What is being asked: All lines with the word "PASS" in the material below are required.

Data segment:
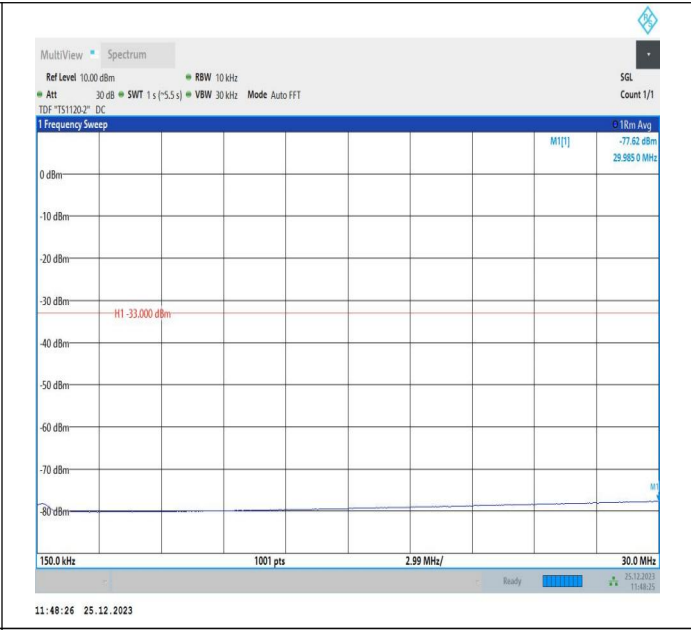

66-66-10MHz-5MHz-16QAM-16QAM-132022-132094-50RB#
0-25RB#0-3000~20000MHz-PASS

66-66-10MHz-5MHz-QPSK-QPSK-132397-132469-1RB#0-0R
B#0-0.15~30MHz-PASS

Task result:
0-25RB#0-3000~20000MHz-PASS
B#0-0.15~30MHz-PASS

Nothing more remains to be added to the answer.